Chroniques

Label marocanité : Leçon marockaine

Donc, le film «Marock» est bien sorti dans le Royaume. Il semble même rencontrer «un succès franc et massif» selon un papier de Hamid Berrada. La salle qui l’a programmé à Casablanca, la ville de derb Ghallef, paraît-t-il, ne désemplit pas. C’est dire. Au moment où on parle de crise des salles de cinéma, de la concurrence déloyale de la parabole et du piratage, cet afflux pourrait révéler et s’expliquer par de la curiosité excitée, par un voyeurisme libidineux. Ce serait insuffisant pour justifier les vivats qui, semble-t-il, acclament le film. On évoque des ovations approbatrices. On murmure que les bobines de l’œuvre sont partout réclamées par les salles des autres villes du Royaume.

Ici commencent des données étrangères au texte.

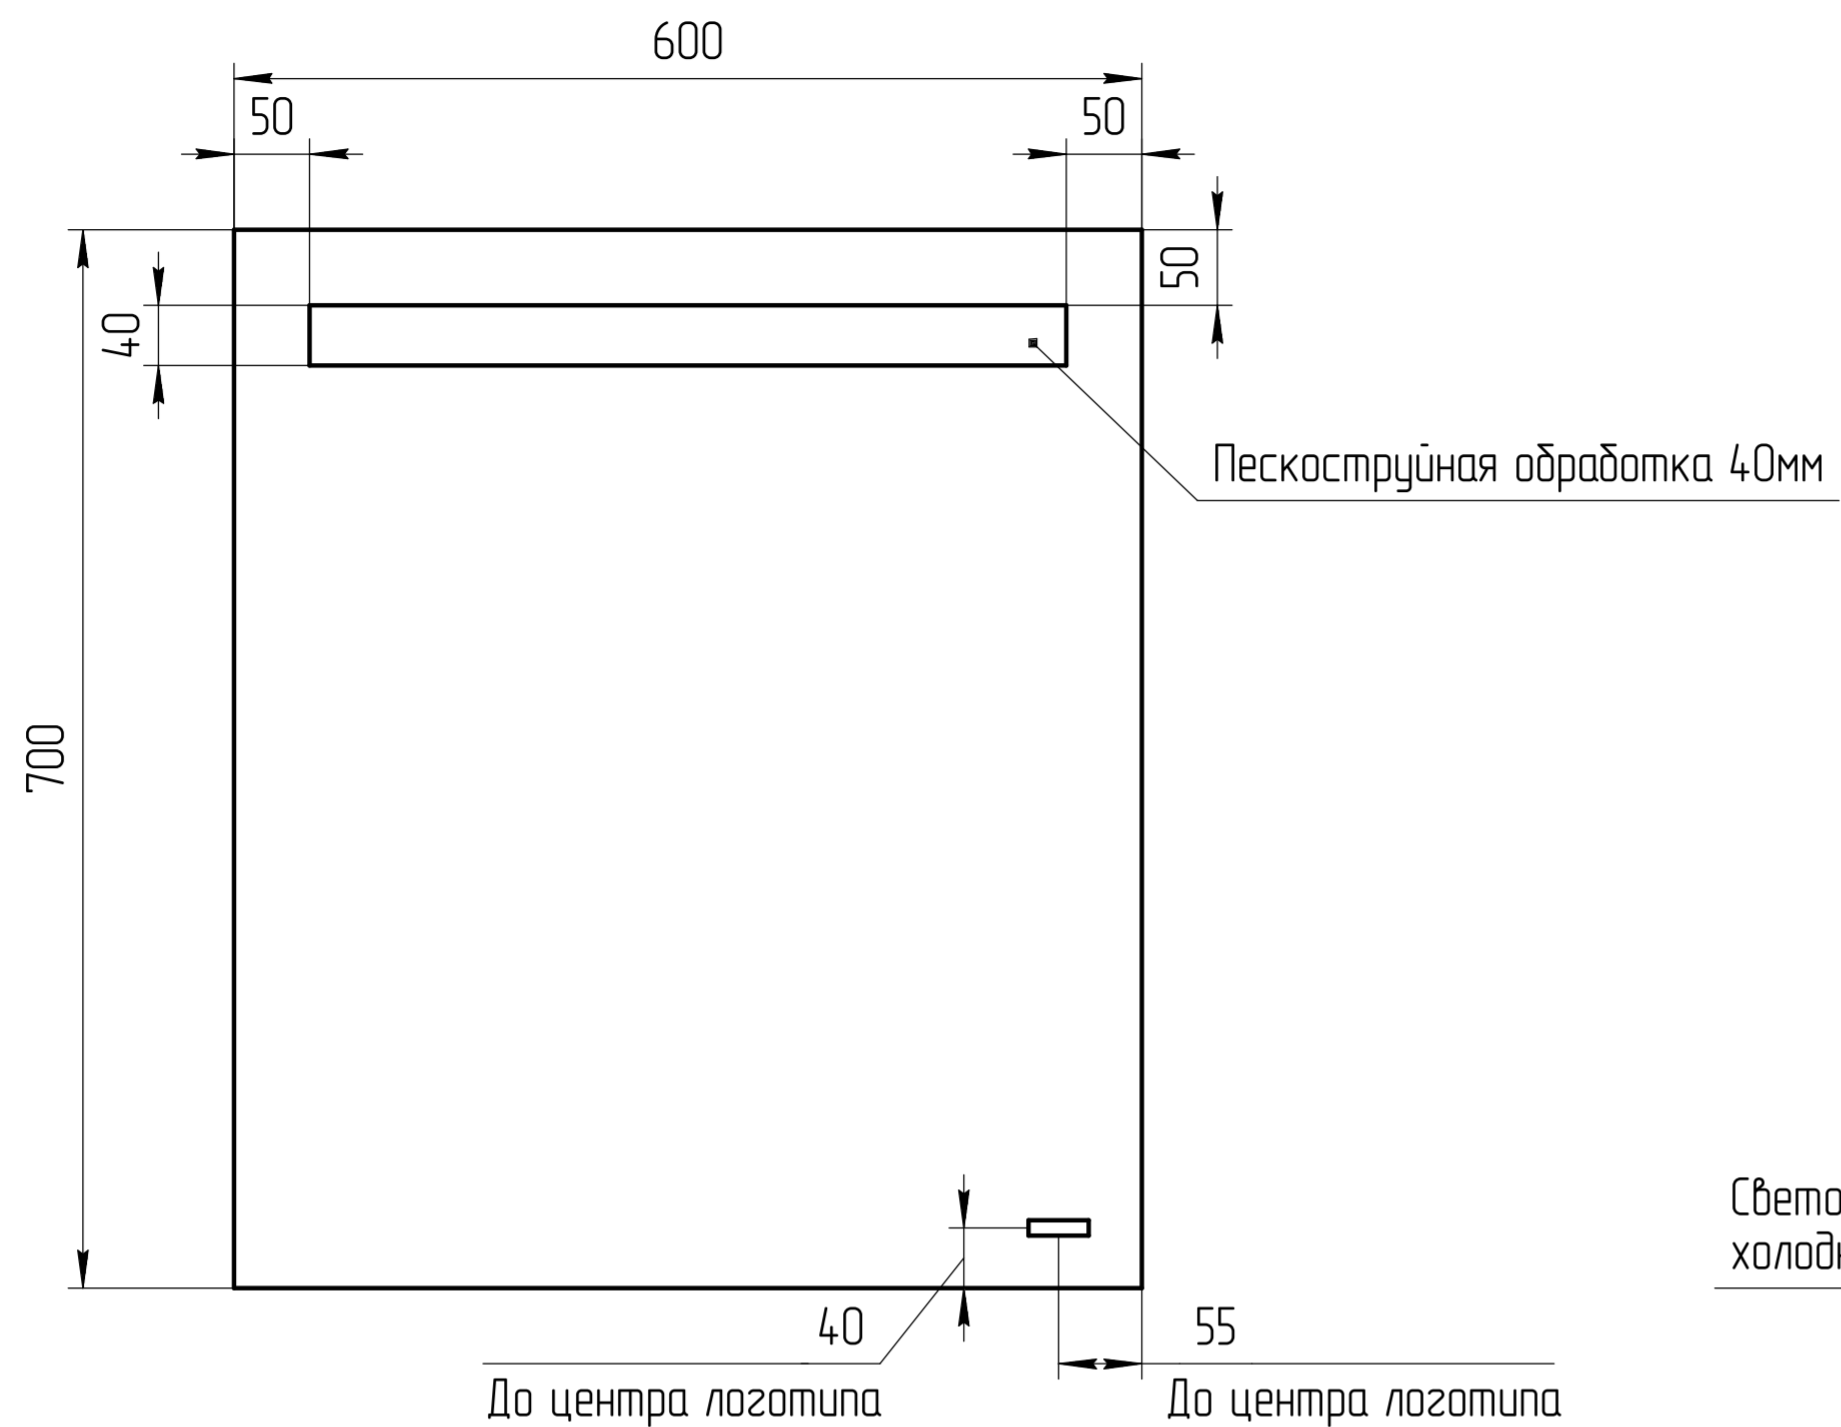

TM 01.00.069 CB

Вид сзади (М 1:5)

TM 01.00.069 CB

Зеркало LED 010  
base 600x700

Масштаб

1:5
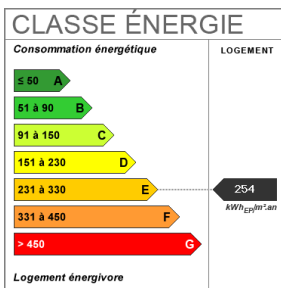

97 m²

4 pièce(s)

3
chambres

1 sde

Fiche technique du bien

Exposition	Sud-est
Etage	1
Nombre étages	1
Dernier étage	Non
Bien en copropriété	Oui
Nb Lots Copropriété	10
Charges annuelles (ALUR)	750 €
Procédures diligentées c/ syndicat de copropriété	Pas de procédure en cours
Surface séjour	20.1 m2
Jardin	Oui
Neuf - Ancien	Ancien
Vis-à-vis	Non
Fenêtres	PVC Double Vitrage
Assainissement	Tout à l'égout
Salle(s) d'eau	1
WC	1
Cuisine	Aménagée/équipée
Exposition Séjour	Est
Type Chauffage	Individuel
Mécanisme Chauffage	Radiateur

Mode Chauffage	Electrique
Eau chaude	Ballon électrique
Etat intérieur	A rafraîchir
Cheminée	Insert
Nombre de caves	1
Diagnostic Energétique	Oui
Conso Energ	254 kWh/m2 par an

Bilan énergétique

Estimation du coût annuel en énergie pour un usage standard de 1444€ au 15/08/2015

Il faut donc saluer les responsables marocains pour ne pas avoir interdit le film et ainsi permettre à chaque Marocain, qui le souhaite, de se faire sa propre opinion. Il faut applaudir le directeur du Centre cinématographique, Nourreddine Saïl, pour, non seulement, avoir soutenu financièrement cette œuvre, mais aussi pour l’avoir moralement défendue. D’avoir, surtout, veillé à ce que «les ciseaux de la censure soient rangés» dans ce tiroir qu’on souhaite à jamais cadenassé.
J’ai dit de ce que j’avais à dire sur ce film . Il reste que ce qui pousse à le défendre ne tient pas à une quelconque exceptionnelle qualité artistique, mais à son droit d’exister en tant qu’œuvre jeune, sur une thématique jeune. Ce qui pousse à soutenir ce film n’a rien à voir avec son message, somme toute, naïf et même parfois niais. C’est l’opposition ferme qu’on doit dresser face aux maîtres censeurs qui veulent nous dire ce qu’il convient de voir ou de ne pas voir qui est essentielle. Ce qui alimente nos applaudissements n’est nullement la force, la puissance du scénario, mais notre refus absolu de se voir priver d’une liberté, fusse-t-elle bénigne. Nous sommes opposés à tous ces diététiciens de l’esprit qui veulent nous imposer quoi boire et quoi manger. Et ce film n’est qu’un prétexte pour réaffirmer, plus puissamment encore en ce sinistre troisième anniversaire du 16 mai, ce rejet.
Le débat de fond, donc, à retenir, c’est qu’il y a, au Maroc, un flou politique qui, plus que jamais, nécessite la clarté. Ce flou pourrait presque nous faire regretter la pensée binaire d’antan. Celle qui départageait entre la gauche et la droite, entre le progressiste et le réactionnaire. Aujourd’hui, on tente de nous inoculer subrepticement une ligne de partage, entre le bien et le mal. Entre la vertu et le péché.
Ce partage, en réalité trop simplet, se drape dans les toges de la religiosité innocente et de la simplicité populaire. Ce qui le rend d’autant plus pernicieux. Il est porteur de confusions périlleuses. Il entretient un mélange délibéré et dangereux entre la politique et la morale, l’une avec une vision politicienne et démagogique et l’autre avec une conception hygiénique. Il amalgame volontairement public et privé. Il est surtout porté par des zélotes qui veulent réduire notre identité culturelle et religieuse à une posture militante et idéologique. Pour toutes ces raisons, c’est une œuvre civique que de le combattre.